Punjab, the cradle of India’s Green Revolution and once a symbol of agricultural prosperity, is now battling one of the country’s most severe drug abuse epidemics. Years after the issue first exploded into national consciousness, the crisis continues to ravage families, especially the youth, while straining the state’s social fabric and economy. Despite repeated crackdowns and political promises, high addiction rates, relentless smuggling, and gaps in rehabilitation show that the battle is far from over.
The Alarming Scale of Addiction
Recent data paints a grim picture of the problem’s magnitude:
- A 2015 AIIMS survey estimated over 230,000 opioid-dependent individuals in the state.
- A 2022 PGIMER study revealed that 15.4% of Punjab’s population engages in some form of substance use.
- A 2023 Parliamentary Panel Report highlighted around 6.6 million drug users, including an estimated 697,000 children aged 10-17 suffering from substance use disorders.
- Between 2015 and 2024, authorities registered over 51,000 NDPS cases and seized more than 4,600 kg of heroin. In the first half of 2024 alone, over 4,373 cases were filed, leading to more than 6,000 arrests and the seizure of 215 kg of heroin.
Heroin — locally known as “chitta” — remains the most destructive substance, commonly consumed through injection or inhalation. While alcohol and tobacco are more widespread, opioids drive the bulk of the public health emergency. Rural areas and young males aged 18-35 are hit hardest, with unemployment, illiteracy, and peer pressure acting as major triggers.
Why Punjab? Understanding the Root Causes
Geography plays a central role. Punjab shares a 553-km porous border with Pakistan and lies on the smuggling route from the Golden Crescent (Afghanistan-Pakistan-Iran), one of the world’s largest heroin-producing regions. Smugglers employ creative and dangerous methods — crossing fields, using tunnels, rivers like the Sutlej, and sophisticated concealment techniques.
Socio-economic pressures worsen the situation:
- Persistent youth unemployment and agrarian distress.
- Easy availability and affordability of drugs.
- Peer pressure combined with a prevailing “culture of masculinity.”
- Lingering effects from the militancy era and the influence of remittances in some pockets.
Reports have also pointed to a suspected nexus between smugglers, police, and politicians, which undermines enforcement despite the formation of special task forces.
Government Actions and Persistent Challenges
Successive governments — from Congress to AAP — have declared “Nasha Mukt Punjab” (Drug-Free Punjab) as a top priority.

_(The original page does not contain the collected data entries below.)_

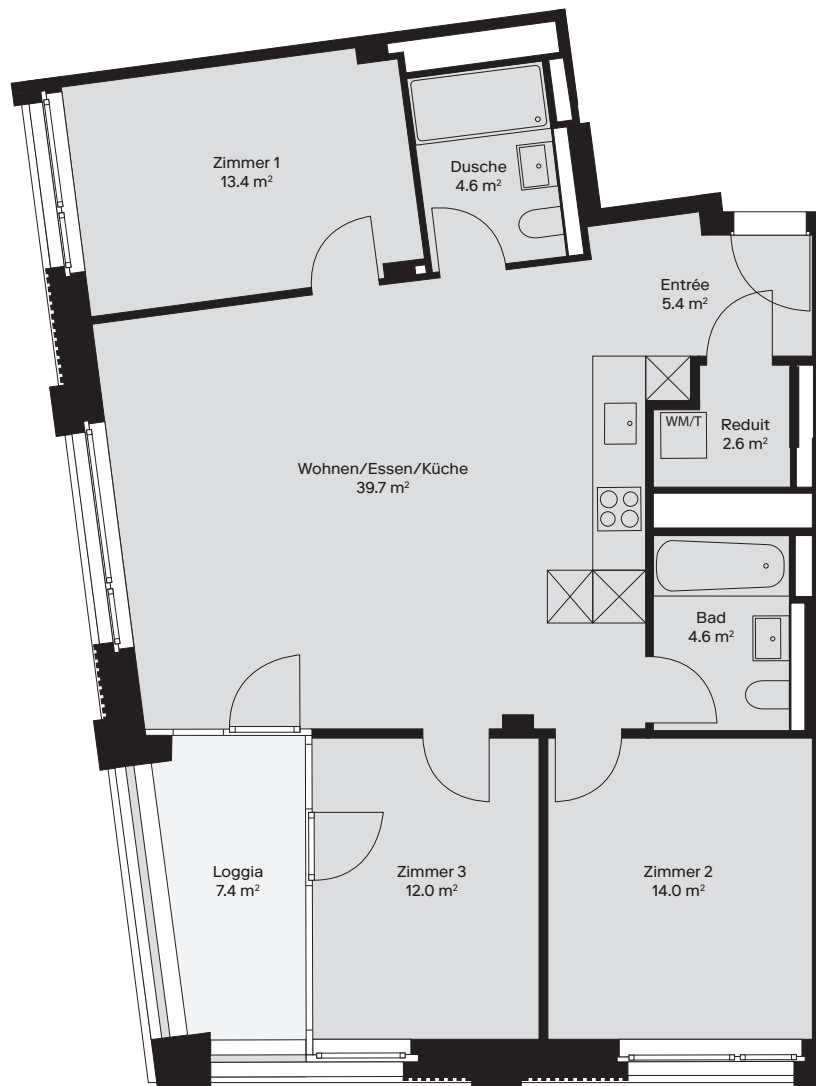

Adresse	Weinbergstrasse 8, 8212 Neuhausen am Rheinfall	Objekt-Nummer	72558.01.0402 / A. 4.02
Objekt	4.5-Zimmer-Wohnung	Fläche (VMF)	ca. 96.2 m ²
Lage	4. Obergeschoss	Loggia	ca. 7.4 m ²

Situation

Schnitt

Übersicht

Grundriss

M 1:100

0 m 1 2 3 4 5

Key initiatives include:
- Strengthening the Anti-Narcotics Task Force (ANTF) and coordination with central agencies like NCB and BSF.
- Expansion of de-addiction centres and Outpatient Opioid Assisted Treatment (OOAT) clinics that provide buprenorphine-naloxone (BNX).
- Awareness campaigns, school education programmes, and a proposed statewide “Drug Census” in the 2025-26 budget.
However, major challenges remain:
- Relapse rates often exceed 65% within six months due to limited long-term rehabilitation, inadequate psychological support, and short durations of take-home medicines.
- Overcrowding and stigma at treatment facilities.
- Over-reliance on enforcement while demand-reduction and socio-economic programmes lag behind.
Political blame games intensify during elections, but on-ground results have been mixed.
Devastating Impact on Society and Economy
The human cost is heartbreaking. Families lose young members to overdoses, financial ruin, or crime. The crisis contributes to reduced workforce productivity, increased healthcare burdens, higher crime rates, and out-migration of talent. Punjab’s demographic advantage and once-thriving economy are under serious threat, affecting agriculture, small businesses, and community life.
The Road Ahead: A Balanced Approach
Experts stress that seizures and arrests alone cannot solve the problem. A comprehensive strategy is essential:
- Supply Reduction — Bolster border security, intelligence sharing, and inter-agency coordination.
- Demand Reduction — Scale up evidence-based prevention programmes in schools and communities, create jobs, and address mental health.
- Harm Reduction & Treatment — Improve rehab quality, standardize protocols, expand access to long-term opioid substitution therapy, and focus on successful reintegration through vocational training and counselling.
- Community Participation — Involve NGOs, religious institutions, families, and local leaders. The upcoming drug census could help target interventions more effectively.
Punjab’s drug crisis is deep-rooted but not insurmountable. Breaking the cycle requires sustained, depoliticised efforts that combine strict enforcement with compassionate care and socio-economic development. The state’s future depends on protecting its youth today — through honest action, not just headlines.